Wisps of smoke-gray, pale-brown, and soft yellow intersect the dusky-green plumage of the Japanese white-eye. The clear, light voice of this small perching bird seldom sings alone. Mejiro (the Japanese word means “white-eye” and refers to the white ring around the eyes) is a sociable creature, and forages in teams. It’s a charming little thing, seducing us humans so easily with its agile tolerance. White-eye individuals sometimes preen each other’s feathers, even those of other birds. You may find them hanging upside down in foliage, pecking at ripe fruits, searching for nectar in deep-chaliced blossoms, hunting for insects underneath leaves. Pretty white-eye is hard to resist.

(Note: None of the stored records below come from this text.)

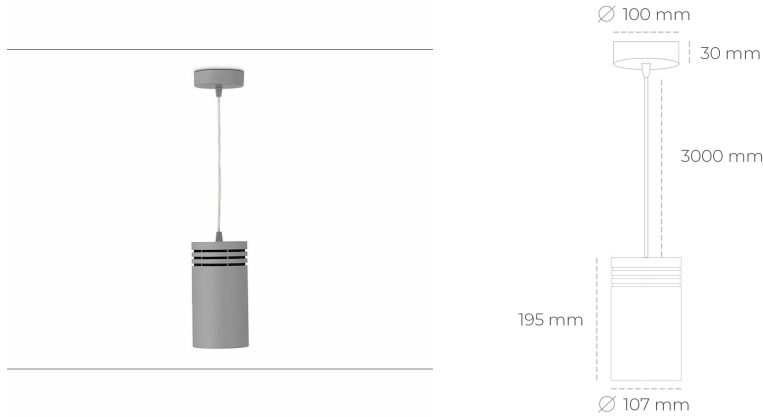

DOWNLIGHT LIDER Z 957 10W 45° GREY SPECIAL ON/OFF

LED	COB
Light colour	5700 [K] SPECIAL
CRI	90
Led chip flux	1318 [lm]
Luminous flux	1186 [lm]
System power	10 [W]
Luminaire Efficiency	119 [lm/W]
Beam angle	45°
Controller	ON/OFF
MacAdam	3 SDCM

Downlight LED

Suspended LED downlight. Aluminium housing. Plastic cover included. Available in white, black and grey. Any RAL palette colour available on enquiry. Power cord - 300cm. Reflector beams available: 15°, 23° 38°, 34° and 60°. Maximum power is 31W.

LUMINAIRE

Weight	1,17 [kg]
Protection rating IP , IK , class	IP 20, IK 1,
Luminaire colour	GREY
Cover	Plastic
Operating voltage	220-240V 50-60Hz

Note: All data are typical values. Tolerance of measurements +/-10% System features may change with product improvements due to technical advances.

OPTIONS

RAL colours on inquiry, honeycomb louver on inquiry , Casambi on inquiry, DALI on inquiry, Phase-cut dimming on inquiry.

Generated: 26.06.2024

+48 32 388 80 00

www.cora.pl
cora@cora.pl

Street: Ignatza Hakuby 18
41-914 Bytom, Polska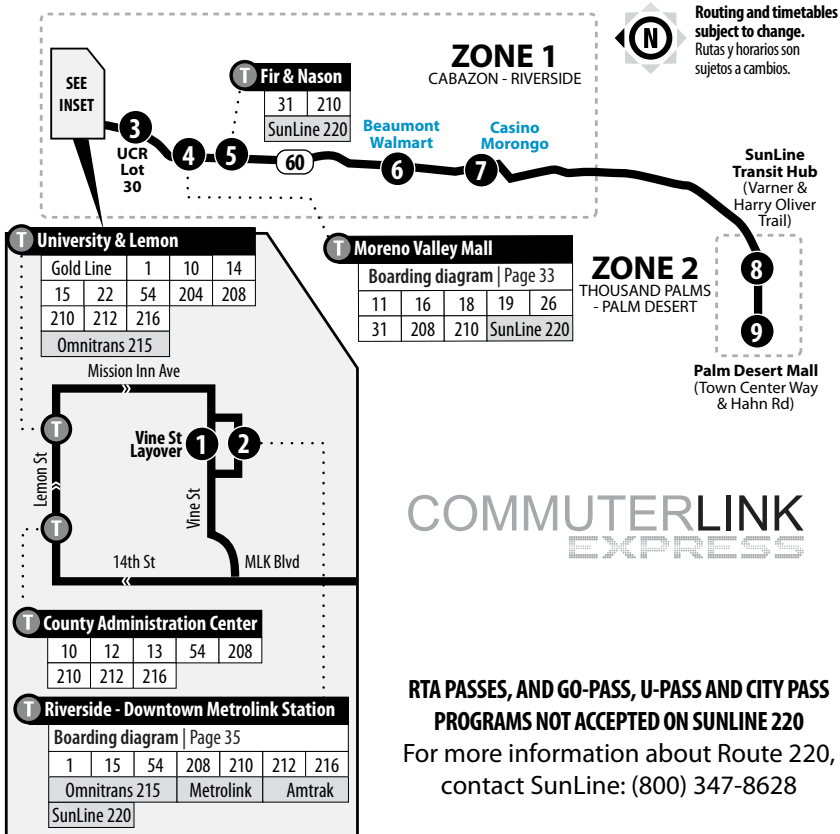

RTA ROUTE 210 / SUNLINE ROUTE 220 FARE GRID

CATEGORIES	CASH FARES			PASSES			
	WITHIN ZONE 1 OR ZONE 2	TRAVELING BETWEEN ZONE 1 AND ZONE 2		1-DAY		30-DAY	
				WITHIN ZONE 1 OR ZONE 2	TRAVELING BETWEEN ZONE 1 AND ZONE 2	WITHIN ZONE 1 OR ZONE 2	TRAVELING BETWEEN ZONE 1 AND ZONE 2
GENERAL / YOUTH	\$3	\$6	\$7	\$14	\$75	\$150	
SENIOR / DISABLED / MEDICARE / CHILD	\$2	\$4	\$5	\$10	\$50	\$100	
	ADDITIONAL CASH FARES REQUIRED WITH VALID MEDIA OR ACCEPTED ID CARDS						
	WITHIN ZONE 1	WITHIN ZONE 2	TRAVELING BETWEEN ZONE 1 AND ZONE 2				
METROLINK TICKETS/PASSES	FREE	\$3	\$3				

SunLine route 220 Schedule effective September 4, 2017

210/220 Weekdays | Westbound to Downtown Riverside

A.M. times are in PLAIN, **P.M. times are in BOLD** | Times are approximate

	Palm Desert Mall	SunLine Transit Hub	Casino Morongo	Beaumont Walmart	Fir & Nason	Moreno Valley Mall	UCR Lot 30	Riverside-Downtown Metrolink Station	Vine St Layover
	9	8	7	6	5	4	3	2	1
210	—	—	—	—	3:40	3:51	—	4:11	4:21
	—	—	—	—	4:10	4:21	—	4:43	4:53
	—	—	—	—	4:36	4:47	—	5:09	5:19
	—	—	—	4:53	5:13	5:24	—	5:50	6:00
220	5:32	5:50	6:28	6:43	7:07	7:20	7:41	7:50	—
	7:57	8:15	8:53	9:08	9:31	9:44	10:02	10:11	—
	3:27	3:45	4:21	4:37	5:02	5:15	5:33	5:42	—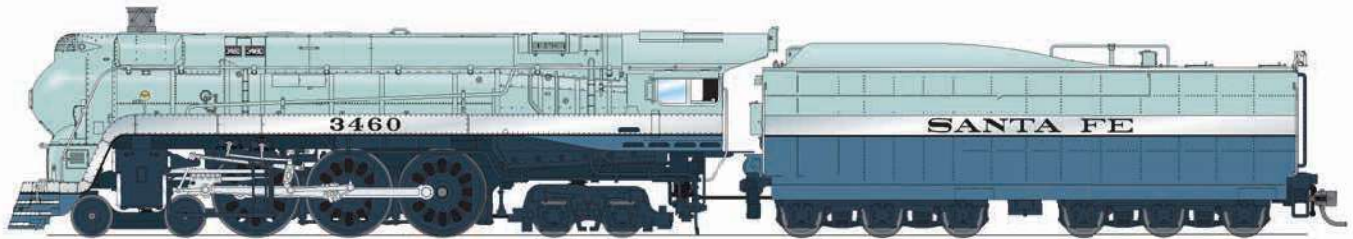

MSRP: 899.99 / MAP: 764.99

Announced: 2-22-2022

ARRIVING: Sept 2022

ORDER BY: 04-14-22

For full features and details, click to:

<https://www.broadway-limited.com/hybridatsfbluegooseho.aspx>

7353 ATSF Blue Goose, #3460, 1941 Appearance, Paragon4 Sound/DC/DCC, Smoke, HO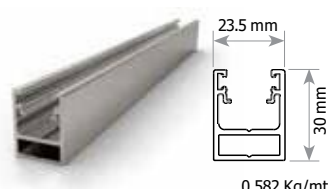

PR-7592

23x30 Base Mount Transom Profile

0.582 Kg/mt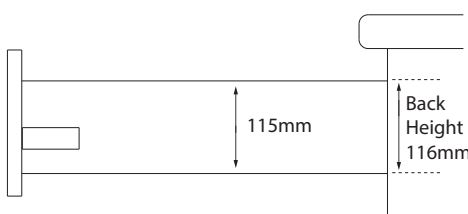

IDEAL FOR
CNC
FURNITURE

x20

RITMA Cube Standard Drawer - S

- Standard drawer 83mm high
- Full extension synchronised roller bearing concealed runners
- Load capacities of 35kg
- Sylent integrated soft-close cushioning system
- Integrated lateral stabiliser
- Locking clips included to lock the drawer onto the runner
- Finish: White (WH)

Part No.	Finish	Length	Weight	Sold Per
RKS8327S.20PK.WH	White	270mm	35kg	20 sets
RKS8335S.20PK.WH	White	350mm	35kg	20 sets
RKS8340S.20PK.WH	White	400mm	35kg	20 sets
RKS8345S.20PK.WH	White	450mm	35kg	20 sets
RKS8350S.20PK.WH	White	500mm	35kg	20 sets
RKS8355S.20PK.WH	White	550mm	35kg	20 sets

x20

RITMA Cube Standard Drawer - T

- Standard drawer 115mm high
- Full extension synchronised roller bearing concealed runners
- Load capacities of 35kg
- Sylent integrated soft-close cushioning system
- Integrated lateral stabiliser
- Locking clips included to lock the drawer onto the runner
- Finish: White (WH)

Part No.	Finish	Length	Weight	Sold Per
RKS11527T.20PK.WH	White	270mm	35kg	20 sets
RKS11535T.20PK.WH	White	350mm	35kg	20 sets
RKS11540T.20PK.WH	White	400mm	35kg	20 sets
RKS11545T.20PK.WH	White	450mm	35kg	20 sets
RKS11550T.20PK.WH	White	500mm	35kg	20 sets
RKS11555T.20PK.WH	White	550mm	35kg	20 sets

NEW

x20

RITMA Cube Standard Drawer - KSQ

- Standard drawer 167mm high with square rail and double wall side extension panel
- Full extension synchronised roller bearing concealed runners
- Load capacities of 35kg
- Sylent integrated soft-close cushioning system
- Integrated lateral stabiliser
- Locking clips included to lock the drawer onto the runner
- Finish: White (WH)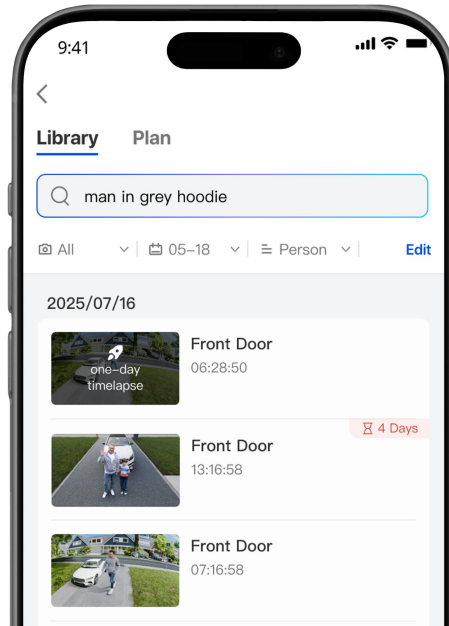

Instant Video Finder with AI-Powered Search

Simply enter your search terms and find exactly what you're looking for—Reolink's AI Video Search instantly pinpoints specific footage from your recordings. Driven by ReoNeura technology, the system interprets your queries and rapidly scans through extensive video archives to surface relevant clips within seconds. Skip the tedious manual searching. All processing happens on-device for enhanced privacy with no additional costs.

Note: AI Video Search requires Reolink App version 4.55 or higher.

What Can You Search?

See how AI Video Search fits into your everyday life. Whether it's people, vehicles, animals, or key moments you care about — just describe it, and ReoNeura finds the footage that matters.

Suspicious Activity? Search It.

Spotted something unusual? Skip the endless rewinds. Just enter a few details — like clothing or movement — and let AI bring you the exact moment.

Worried About Loved Ones?

Missed a moment at home? Whether it's kids playing or elderly family members alone, ReoNeura helps you check in quickly — no stress, no scrubbing.

What's Your Pet Up To?

Can't find your curious cat or mischievous pup? Search by description and instantly see where they've been — indoors or out.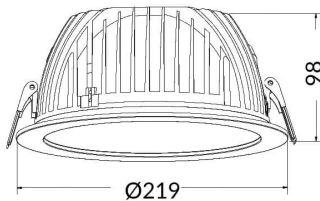

PERFORM-R Smart

Lavov Downlights from the family PERFORM-R ,power 35 W and CRI 80 with an optic 80 degrees made in Die Cast Aluminum finished in White with a real lumen output of 3500lm and an efficiency of 100lm/W. DALI driver. WIRELESS DIMABLE .

Item code	86.DS22.530T.01
Product type	Indoor
Category	Downlights
Family	PERFORM
Subfamily	PERFORM-R Smart
Pictograms	

Dimensions

Product dimensions (mm) 190*60

Scheme

Product	
Real power (W)	35
Real luminous flux (Lm)	3500
Luminous efficiency (Lm/W)	100
Beam angle (°)	80
Life time (h)	50000 h L80B10
IP	20
Electrical class insulation	Clas II
Colour	White
Control gear included	Yes
Control gear	PHILIPS ON-OFF
Flicker Free	Yes
Light source	LED
Type of LED	COB
Colour temperature (K)	3000
Colour consistency (SDCM)	SDCM<5
CRI	80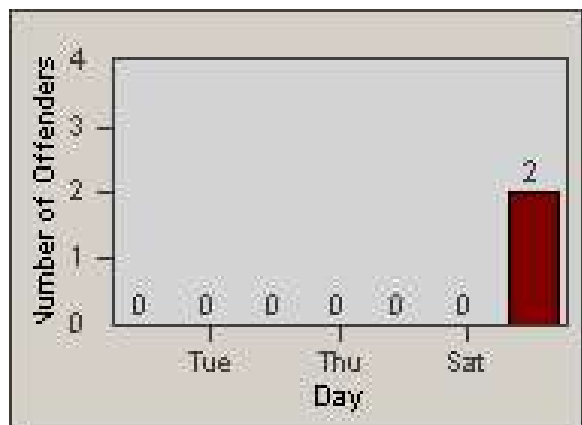

Redflex Redlight Offender Statistics

CONTRACT: Loma Linda
 DATE FROM: 1/Oct/2009

LOCATION: LOM-MOBA-01 Barton Rd
 DATE TO: 31/Oct/2009

LANE 1

LANE 2

LANE 3

Redflex Redlight Offender Statistics

CONTRACT: Loma Linda
 DATE FROM: 1/Oct/2009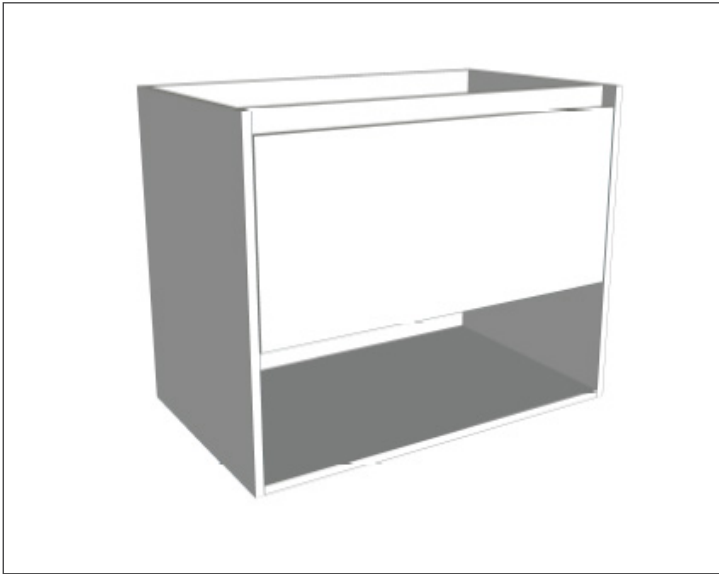

SPECIFICATION SHEET

Savanna 750mm Double Tier Wall Hung Vanity

Code: 2386

Features

- Wall Hung
- 1 Drawer with Extrusion, 1 Open Shelf
- Centre Basin
- Laminate Woodgrain & Solid Colours on MR Board
- Dimensions: H650 x W750 x D453

Features

- Wall Hung
- 1 Drawer with Handle, 1 Open Shelf
- Centre Basin
- Laminate Woodgrain & Solid Colours on MR Board
- Dimensions: H650 x W750 x D453

Technical Details

Note: All measurements shown are in millimetres. Sizes are nominal.

FRONT VIEW

SIDE VIEW

TOP VIEW

SPECIFICATION SHEET

Savanna 750mm Double Tier Wall Hung Vanity

Code: 2386

Features

- Wall Hung
- 1 Drawer with Negative Timber detail, 1 Open Shelf
- Centre Basin
- Laminate Woodgrain & Solid Colours on MR Board
- Dimensions: H650 x W750 x D453

Technical Details

Note: All measurements shown are in millimetres. Sizes are nominal.

FRONT VIEW

SIDE VIEW

TOP VIEW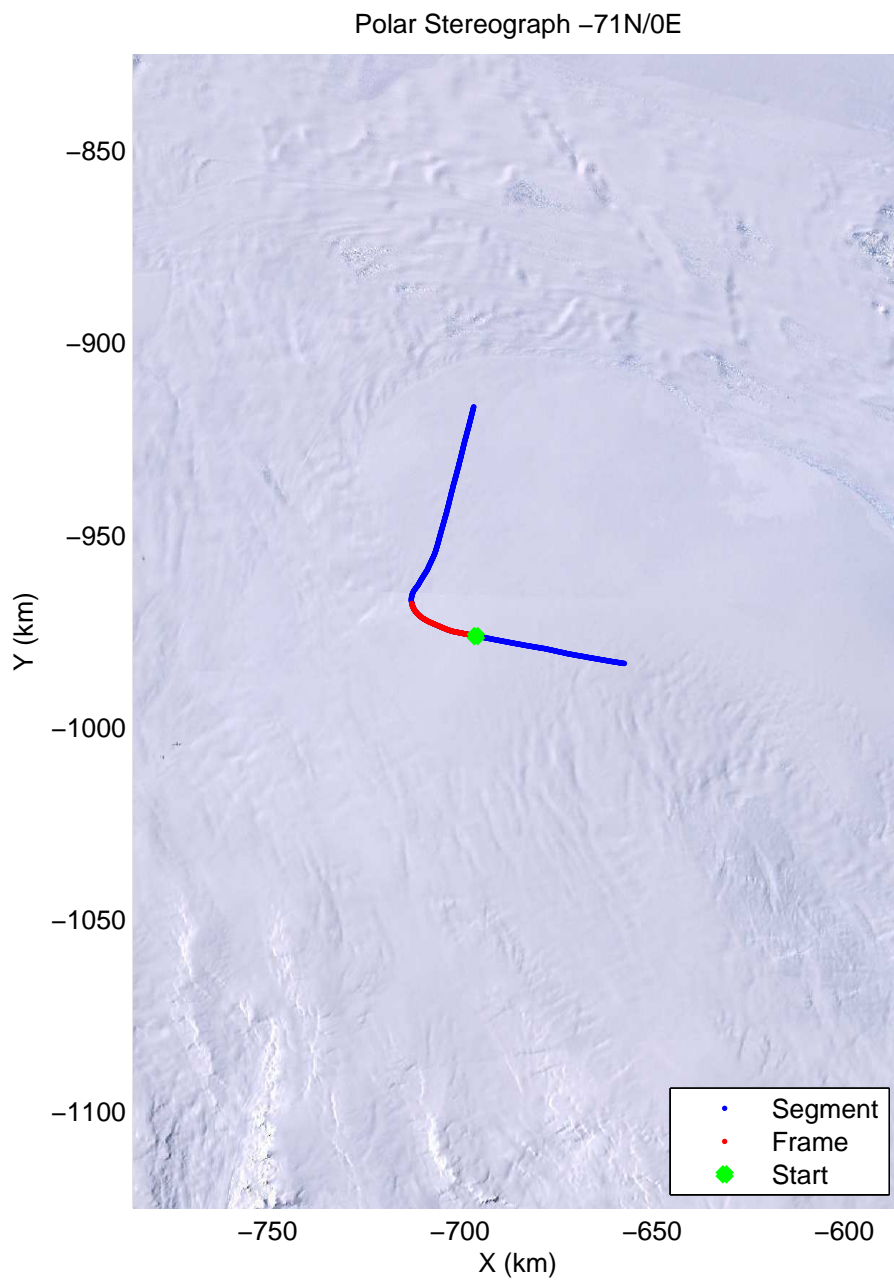

accum2 2013\_Antarctica\_P3: "Siple Coast" 20131126\_03\_001: -1:01:46.2 to -1:04:19.7 GPS

accum2 2013\_Antarctica\_P3: "Siple Coast" 20131126\_03\_002: -1:04:19.9 to -1:06:52.5 GPS

accum2 2013\_Antarctica\_P3: "Siple Coast" 20131126\_03\_003: -1:06:52.6 to -1:09:25.1 GPS

accum2 2013\_Antarctica\_P3: "Siple Coast" 20131126\_03\_004: -1:09:25.3 to -1:12:17.0 GPS

accum2 2013\_Antarctica\_P3: "Siple Coast" 20131126\_03\_005: -1:12:17.2 to -1:14:41.4 GPS

accum2 2013\_Antarctica\_P3: "Siple Coast" 20131126\_03\_006: -1:14:41.7 to -1:16:37.4 GPS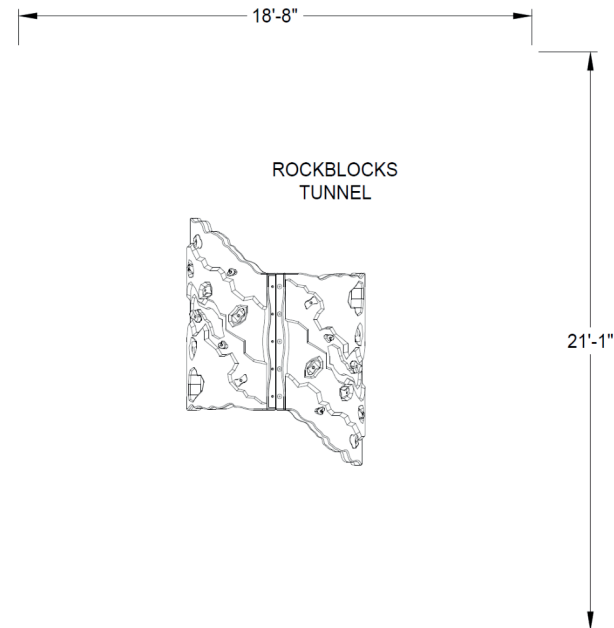

COMMUNITY + CONNECTION + ADVENTURE

▶ START YOUR ADVENTURE TODAY

1.800.669.2585

WWW.DAVEBANG.COM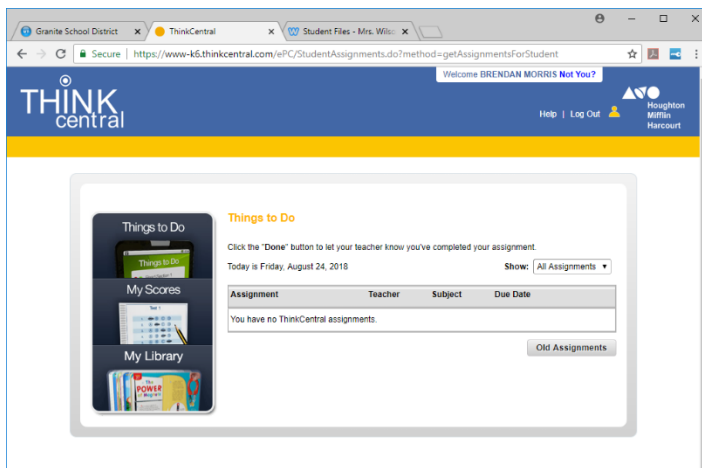

After logging into the Portal, you want to click on the Go Math icon that says Valley Crest.

The following login screen will appear.

The username is the student's 9 number, and the password is their 9 number.

From this screen, click on “Things to Do”

Any assigned or incomplete assignments will show up in the following screen.

You will need to click on the words for the lesson they are supposed to be working on. For example, if we are doing Lesson 2.3, they have to click on “Lesson 2.3”, then it takes them to another screen where they click on it again, then another screen where they click start.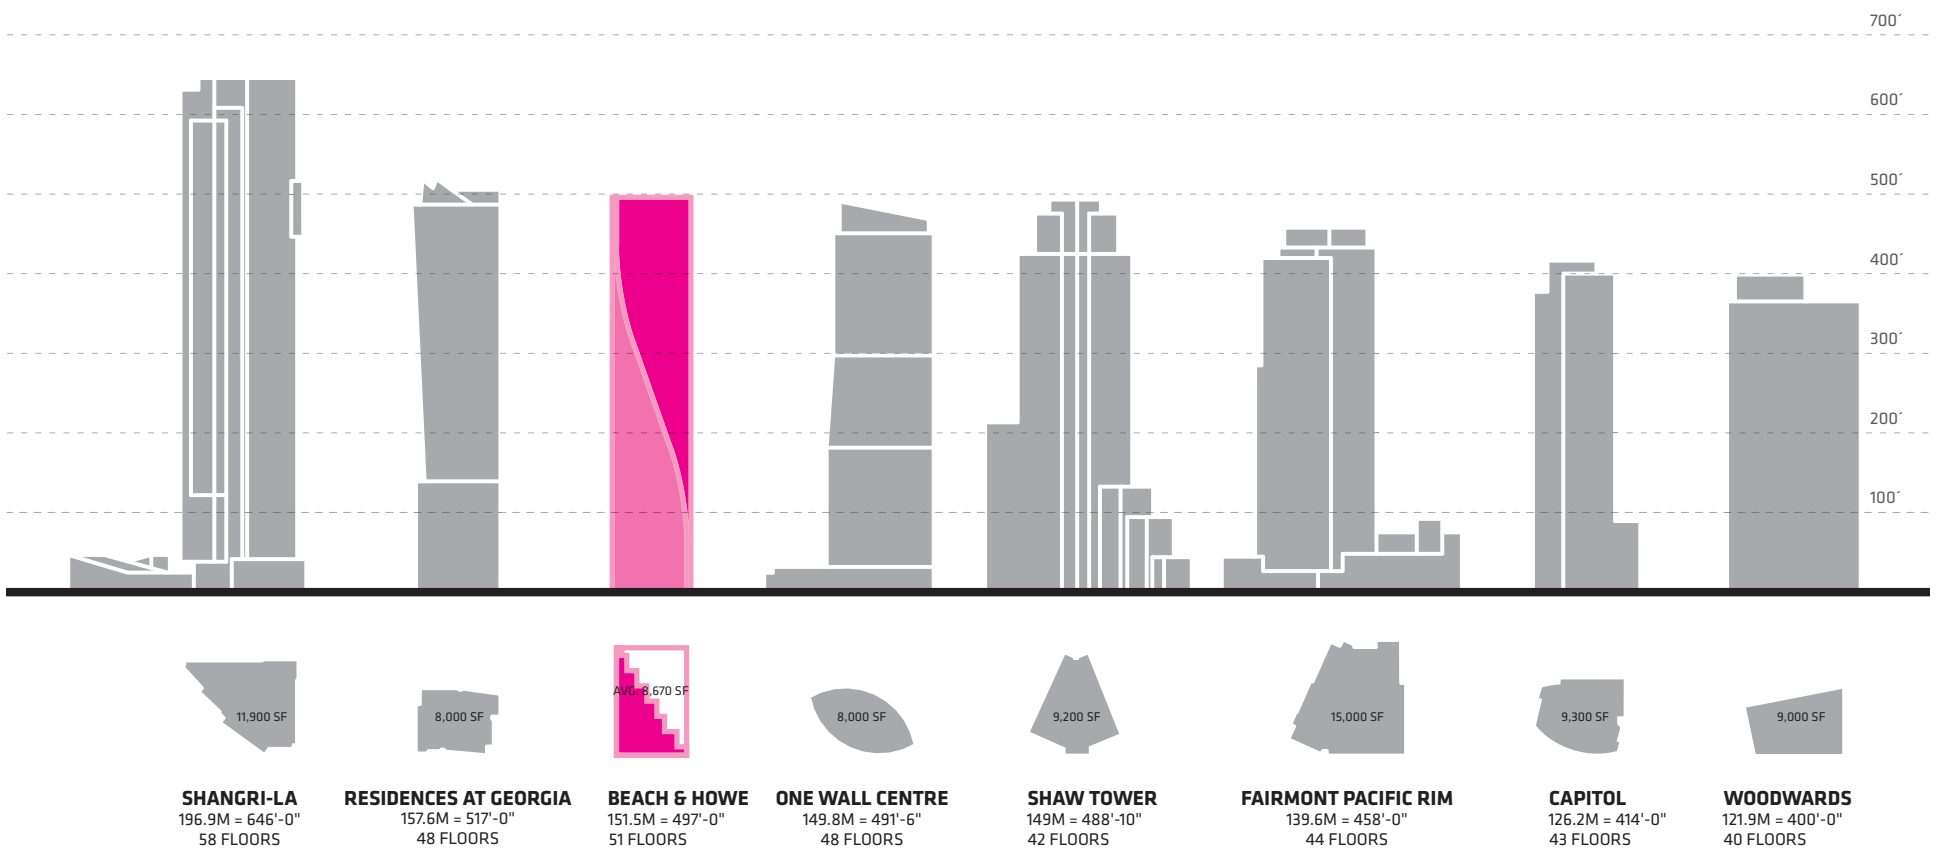

## HEIGHT COMPARISON

WEST-EAST SKYLINE COLLAGE. VIEW FROM SOUTH SIDE OF GRANVILLE BRIDGE BETWEEN W 3RD AVE/W 4TH AVE AND FIR ST/GRANVILLE ST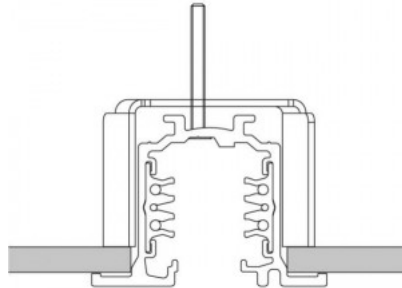

Power track POWERGEAR 3F 2m PRO-R420-W white 230V

Product code 15200

Brand [POWERGEAR](#)
Supply voltage 230V
Casing colour white

A favorite cage bird in Asia, common in Korea and Japan, white-eye was introduced to the islands in the heyday of the sugar plantations for purposes of bug control, in 1929. No one knew at the time how rapidly this tiny bird would expand its range, adapting easily to new foods and environments. Energetic, traveling in small, twittering flocks, white-eye can be found just about anywhere in Hawaii these days, as long as there are trees and shrubs. Flying in wet rain forests and near-desert conditions, from mauka to makai, white-eye has become the most common bird in the islands.

That’s a problem. White-eyes have become so numerous in native forests that they are leaving native bird species with little left to eat. They compete with native honeycreepers for seeds, berries, and nectar and may be playing a role in their decline.

On the other hand, little white-eye is thought to facilitate the preservation of native plant species by dispersing their seeds. It has become the main pollinator, for example, of the ieie vine, which used to depend on bird species that have long gone extinct. The native Hawaiian hawk has adapted and preys on white-eye for its survival. In 2002, a Yale University study at Hawaii Volcanoes National Park determined that white-eye favors plots heavily overgrown with Kahili ginger, which is an invasive species like white-eye itself. When the ginger was removed, the white-eye population decreased.

Such findings about the interactions between invasive and native species are invaluable pieces of information for the ongoing fine-tuning of forest restoration management plans.

Invasive or darling? White-eye is likely to stay in the islands. Its lovely song is welcome around our island homes. We just need to keep an eye on it.